◆ Problem to work on ◆
When copying the records below, keep every word as it is and drop the images.

- Opening Delimiter -

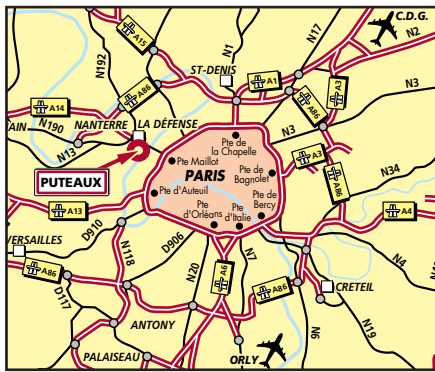

Immeuble le Métropole
46 - 52, rue Arago
92823 Puteaux Cedex
Tél : (33-1) 01 41 97 20 00
Fax : (33-1) 01 41 97 18 29

■ DEPUIS PARIS : (A)

Rejoindre la PTE MAILLOT direction LA DÉFENSE,
▶ passer le PONT DE NEUILLY (serrer à droite) et prendre tout de suite à droite en direction de ASNIÈRES/SURESNES.
(Serrer à gauche) et tourner direction SURESNES, prendre les quais, passer sous le PONT DE NEUILLY, puis tourner à droite RUE BELLINI (puis voir loupe).

■ DEPUIS LE PÉRIPHÉRIQUE :

Prendre la sortie LA DÉFENSE, et continuer jusqu'au PONT DE NEUILLY (puis ▶ voir ci-dessus).

■ TRANSPORTS EN COMMUN :

RER ligne A GRANDE ARCHE DE LA DÉFENSE et/ou Métro ligne 1 ESPLANADE DE LA DÉFENSE.
Prendre la sortie LA DÉFENSE 10, passer devant la TOUR AGF (à votre gauche) et suivre La Défense 11. Traverser la passerelle (puis voir loupe).

■ FROM PARIS : (A)

From PORTE MAILLOT, follow the signpost LA DÉFENSE.
▶ Go over the PONT DE NEUILLY (to tighten on the right) and then turn right immediately, following the signpost ASNIÈRES/SURESNES. (To tighten on the left), and turn SURESNES direction, take the Quays, go under the PONT DE NEUILLY and then turn right into the RUE BELLINI (then see detailed inset).

- Closing Delimiter -

◆ Exercise answer ◆
Immeuble le Métropole
46 - 52, rue Arago
92823 Puteaux Cedex
Tél : (33-1) 01 41 97 20 00
Fax : (33-1) 01 41 97 18 29

■ DEPUIS PARIS : (A)

Rejoindre la PTE MAILLOT direction LA DÉFENSE,
▶ passer le PONT DE NEUILLY (serrer à droite) et prendre tout de suite à droite en direction de ASNIÈRES/SURESNES.
(Serrer à gauche) et tourner direction SURESNES, prendre les quais, passer sous le PONT DE NEUILLY, puis tourner à droite RUE BELLINI (puis voir loupe).

■ DEPUIS LE PÉRIPHÉRIQUE :

Prendre la sortie LA DÉFENSE, et continuer jusqu'au PONT DE NEUILLY (puis ▶ voir ci-dessus).

■ TRANSPORTS EN COMMUN :

RER ligne A GRANDE ARCHE DE LA DÉFENSE et/ou Métro ligne 1 ESPLANADE DE LA DÉFENSE.
Prendre la sortie LA DÉFENSE 10, passer devant la TOUR AGF (à votre gauche) et suivre La Défense 11. Traverser la passerelle (puis voir loupe).

■ FROM PARIS : (A)

From PORTE MAILLOT, follow the signpost LA DÉFENSE.
▶ Go over the PONT DE NEUILLY (to tighten on the right) and then turn right immediately, following the signpost ASNIÈRES/SURESNES. (To tighten on the left), and turn SURESNES direction, take the Quays, go under the PONT DE NEUILLY and then turn right into the RUE BELLINI (then see detailed inset).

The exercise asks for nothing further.